Why? Many hypotheses may be invoked and tested – here I indicate one in particular. The capturing, radio collaring and subsequent tracking might have stressed the bears for some time after release. To study this, I re-analyzed the three individuals with the largest fix sampling period, including the first 100 fixes only. As shown by open symbols, all individuals (F182, F201 and F243) showed larger CSSU during the initial period for 100 fixes following release – a period of ca 1-2 years (!) – relative to the total fix sampling period of almost four years**, and thereby became similar to the other bears with respect to average spatial scale.

Is this an indication of a more restless space use behaviour in the first period following capture, release with radio collar and subsequent telemetry tracking 1-2 times/week (distance observer-animal is unknown)? To explore this aspect, several alternative hypotheses should also be considered (the three individuals were collared in August, June and June, and were 7, 3 and 3 years of age) – but the present pilot test does at least rise an interesting hypothesis. It also illustrates how the MRW model’s CSSU parameter may be applied to cast light on a potentially concerning aspect of data collection and its interpretation in the context of wildlife management***.

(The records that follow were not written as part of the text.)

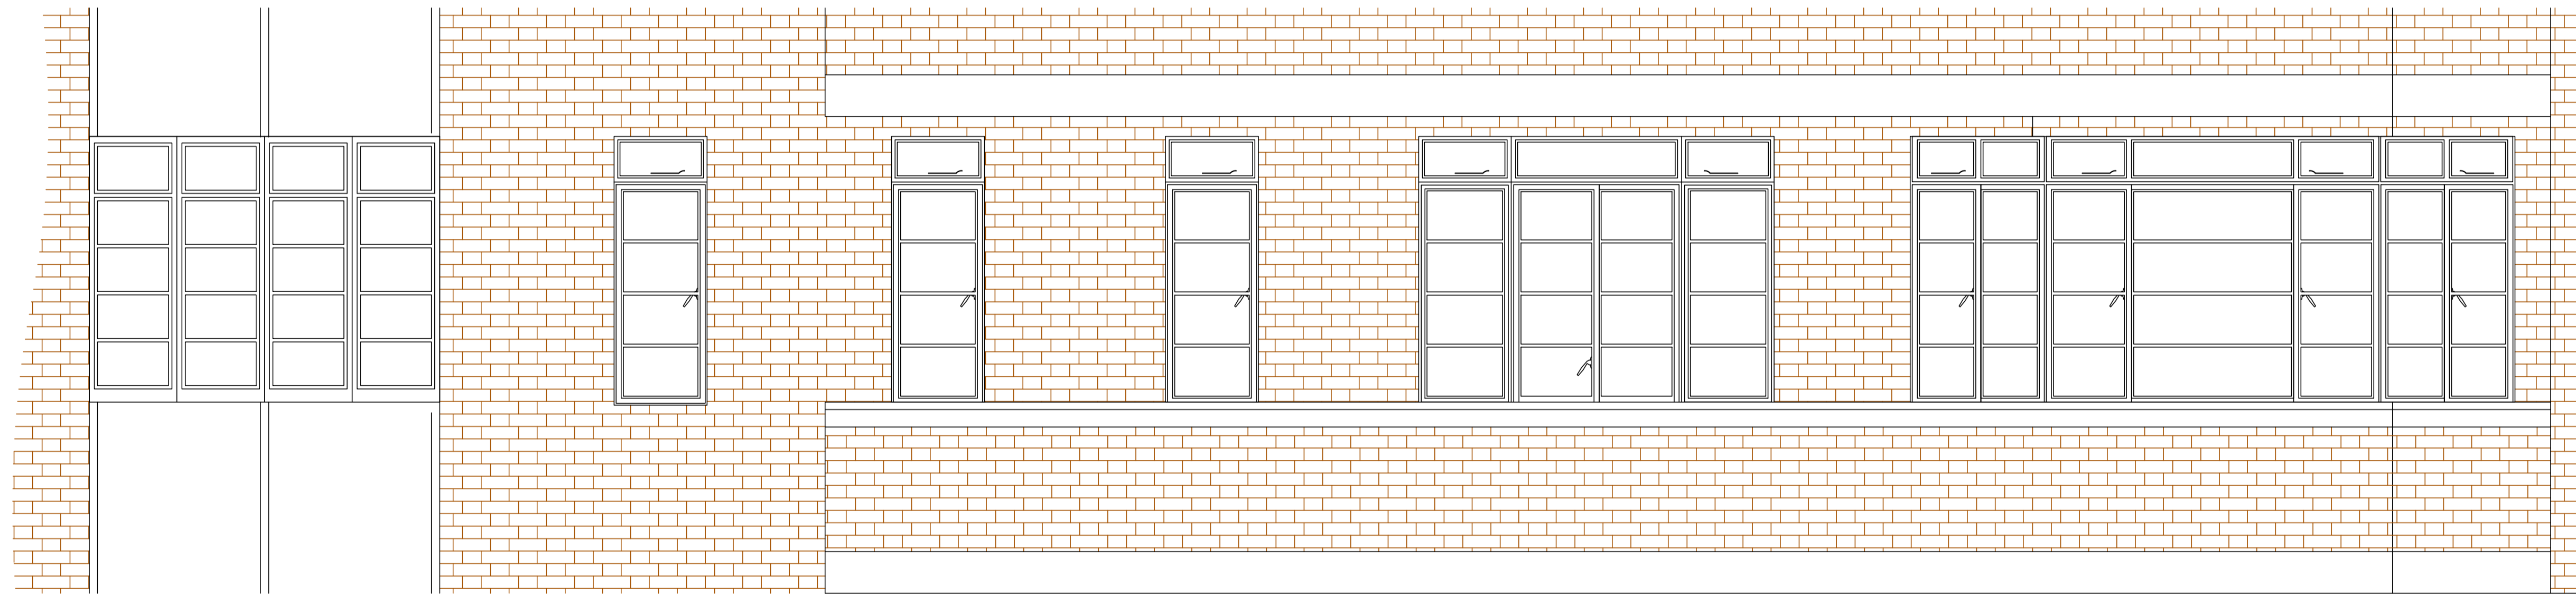

ORIGINAL CRITTALL BAY WINDOW

NEW DOUBLE GLAZED CRITTALL WINDOW

NEW DOUBLE GLAZED CRITTALL WINDOW

NEW DOUBLE GLAZED CRITTALL WINDOW

NEW DOUBLE GLAZED CRITTALL FRENCH DOORS AND WINDOWS

NEW DOUBLE GLAZED CRITTALL BAY WINDOW

FLAT 57 - PROPOSED ELEVATION

ORIGINAL CRITTALL BAY WINDOW

SINGLE GLAZED CRITTALL WINDOW

SINGLE GLAZED CRITTALL WINDOW

SINGLE GLAZED CRITTALL WINDOW

SINGLE GLAZED CRITTALL FRENCH DOORS AND WINDOWS

SINGLE GLAZED CRITTALL BAY WINDOW

FLAT 57 - EXISTING ELEVATION

FLAT 57 - SECOND FLOOR

PROPOSED REPLACEMENT CRITTALL WINDOWS
 57 HILLFIELD COURT LONDON NW3
 SCALE AS MARKED

APR 2024

597 001

*) In an upcoming post I will illustrate a transient effect in the early phase of home range establishment, and stationary CSSU for mature home range utilization. In the present context, is it reasonable to assume mature home ranges even for the initial 1-2 years of fix sampling.

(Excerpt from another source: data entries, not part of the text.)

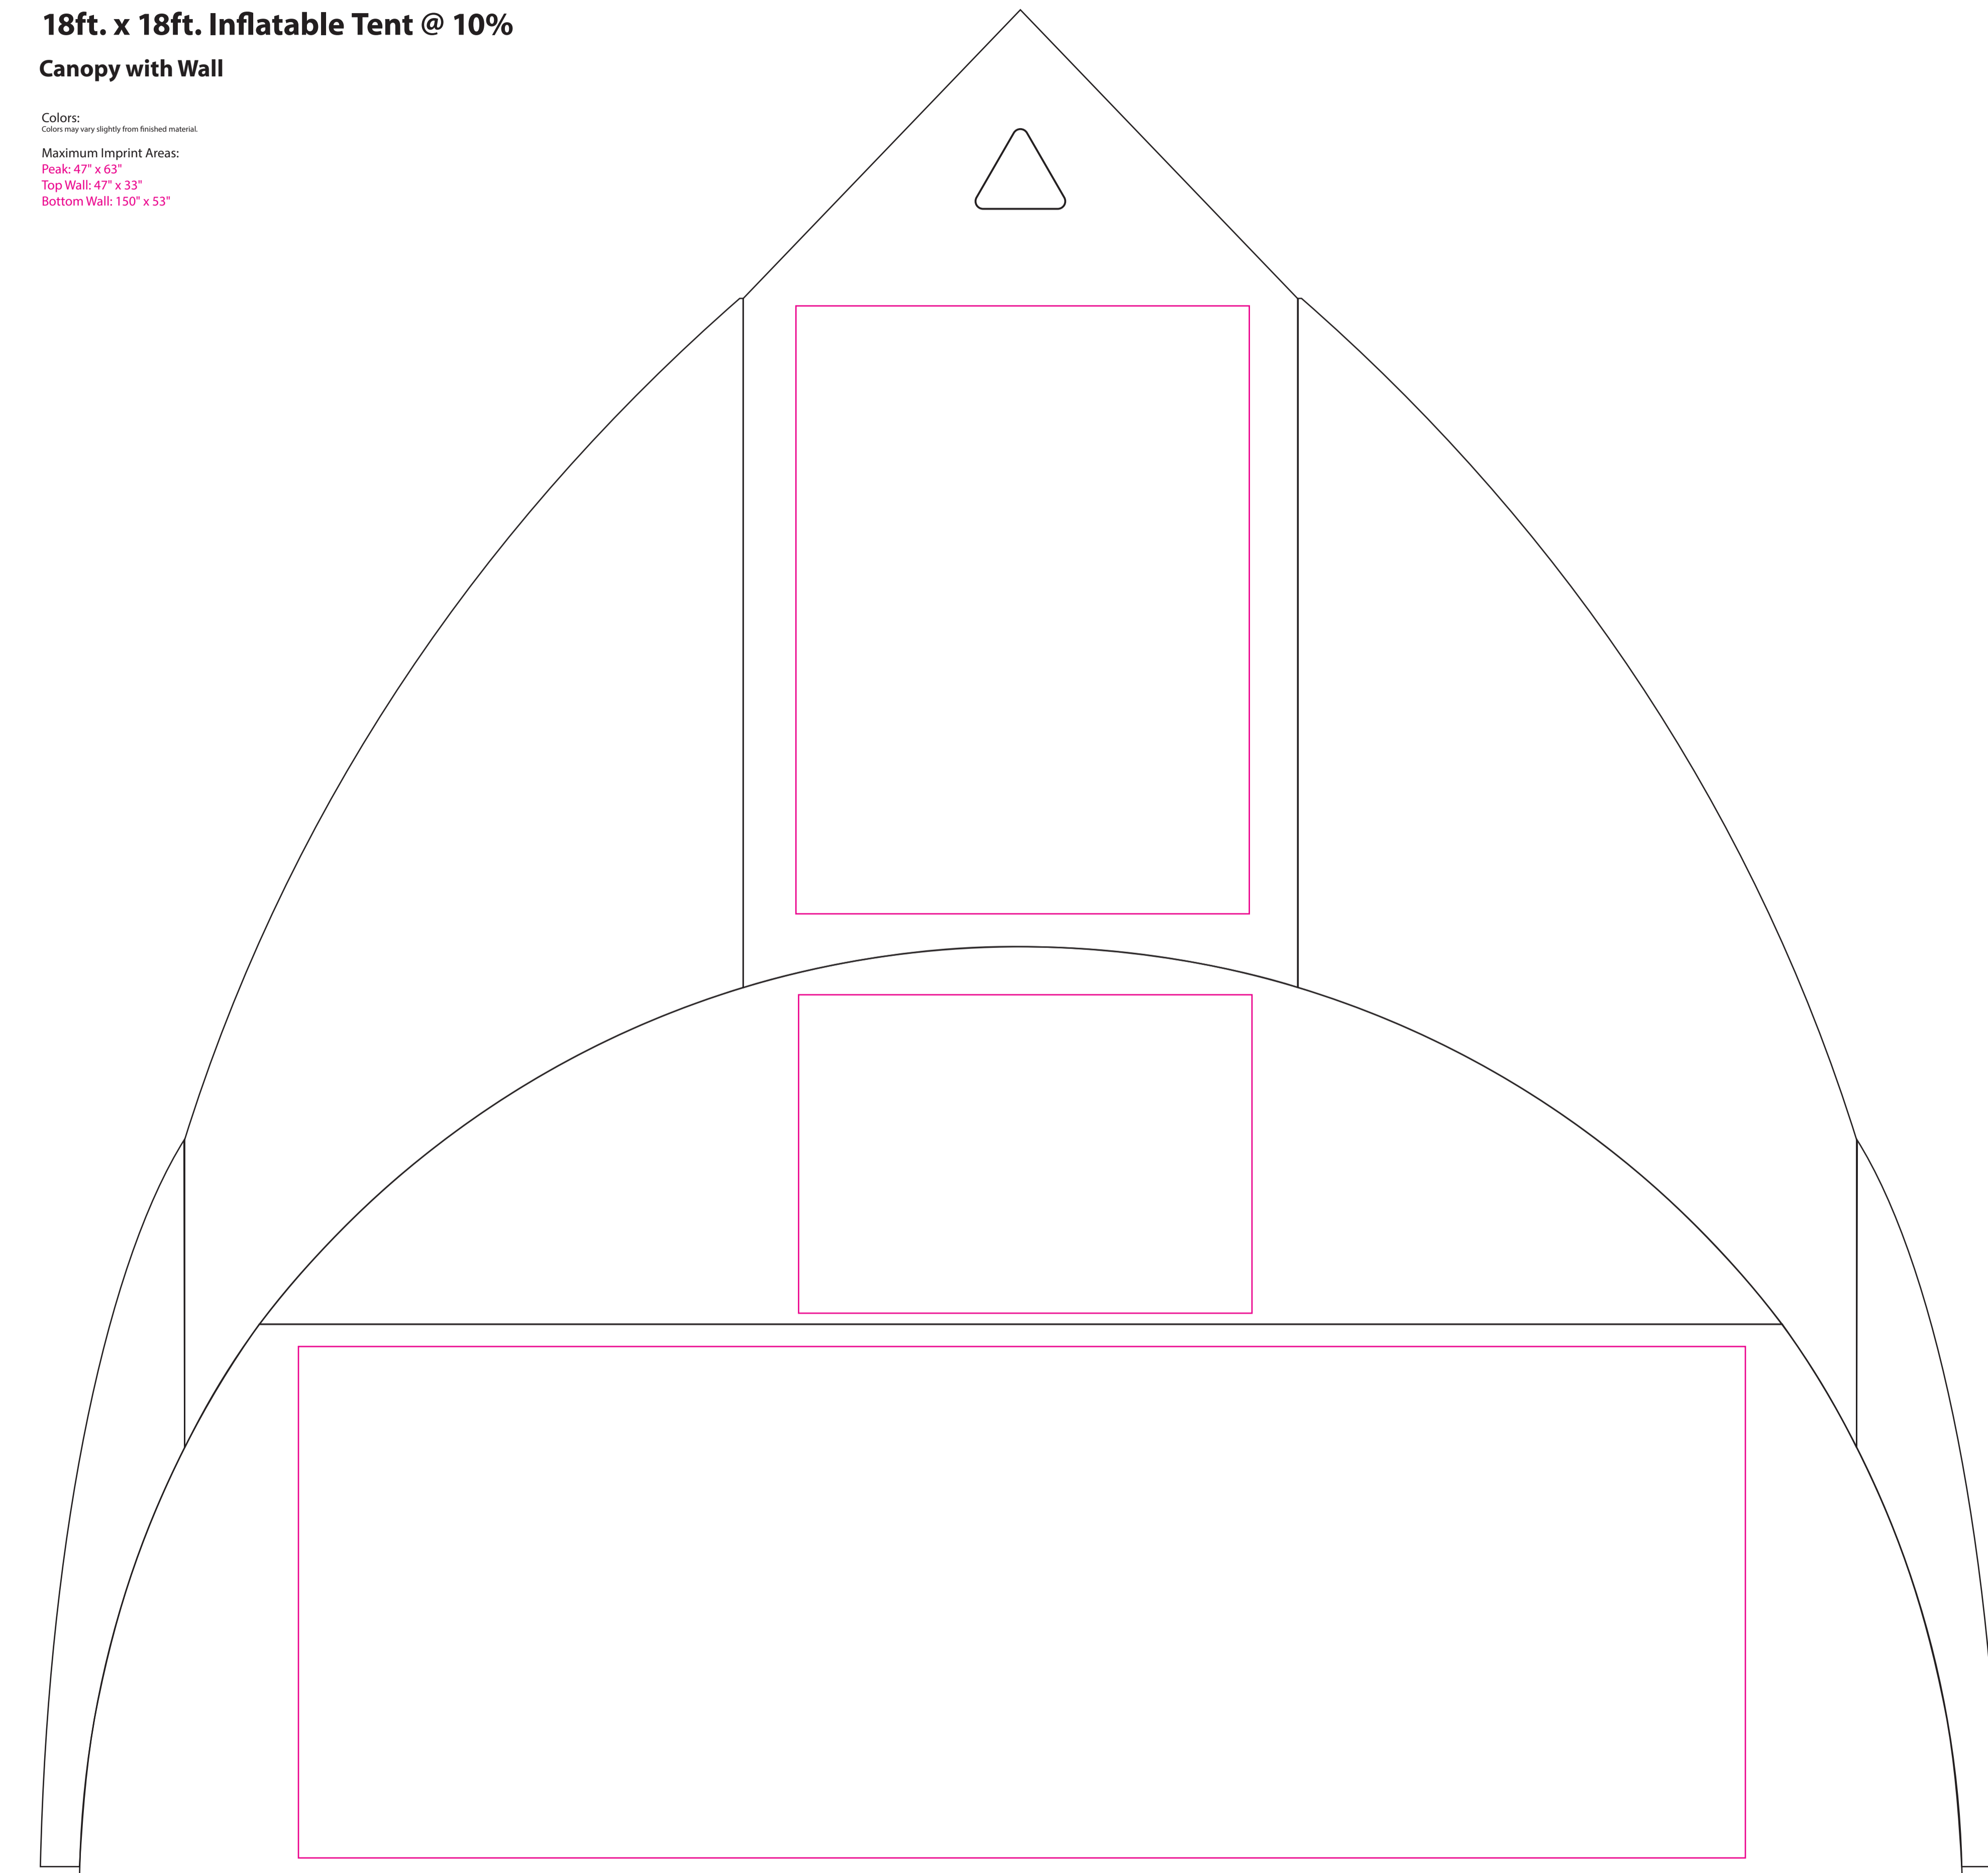

18ft. x 18ft. Inflatable Tent @ 10%
Canopy FULL BLEED

18ft. x 18ft. Inflatable Tent @ 10%
Canopy with Wall

Colors:
Colors may vary slightly from finished material.

**) Alternative methods to test for inter-sample difference in space use intensity abound, but have drawbacks. For example, the mean displacement length in a set of fix sampling intervals (lags) will be influenced by intermediate return events. Further, due to the very long-tailed (leptocurtic) distribution of step lengths in data from black bear, which has been verified to comply with the MRW space use model, comparing the relative difference in median displacement size in two or more samples is subject to large error terms due to the extreme outlier issue (“occasional sallies”). CSSU resolves these obstacles.

***) It should bee mentioned that the radio telemetry collars for black bear back in 1978 were substantially heavier than today’s standard. Triangulation also required close stalking to get a fix, in contrast to modern GPS.


Gautestad, A. O., I. Mysterud, and M. R. Pelton. 1998. Complex movement and scale-free habitat use: testing the multi-scaled home range model on black bear telemetry data. Ursus 10:219-234.

Mandelbrot, B. B. 1983, The fractal geometry of nature. New York, W. H. Freeman and Company.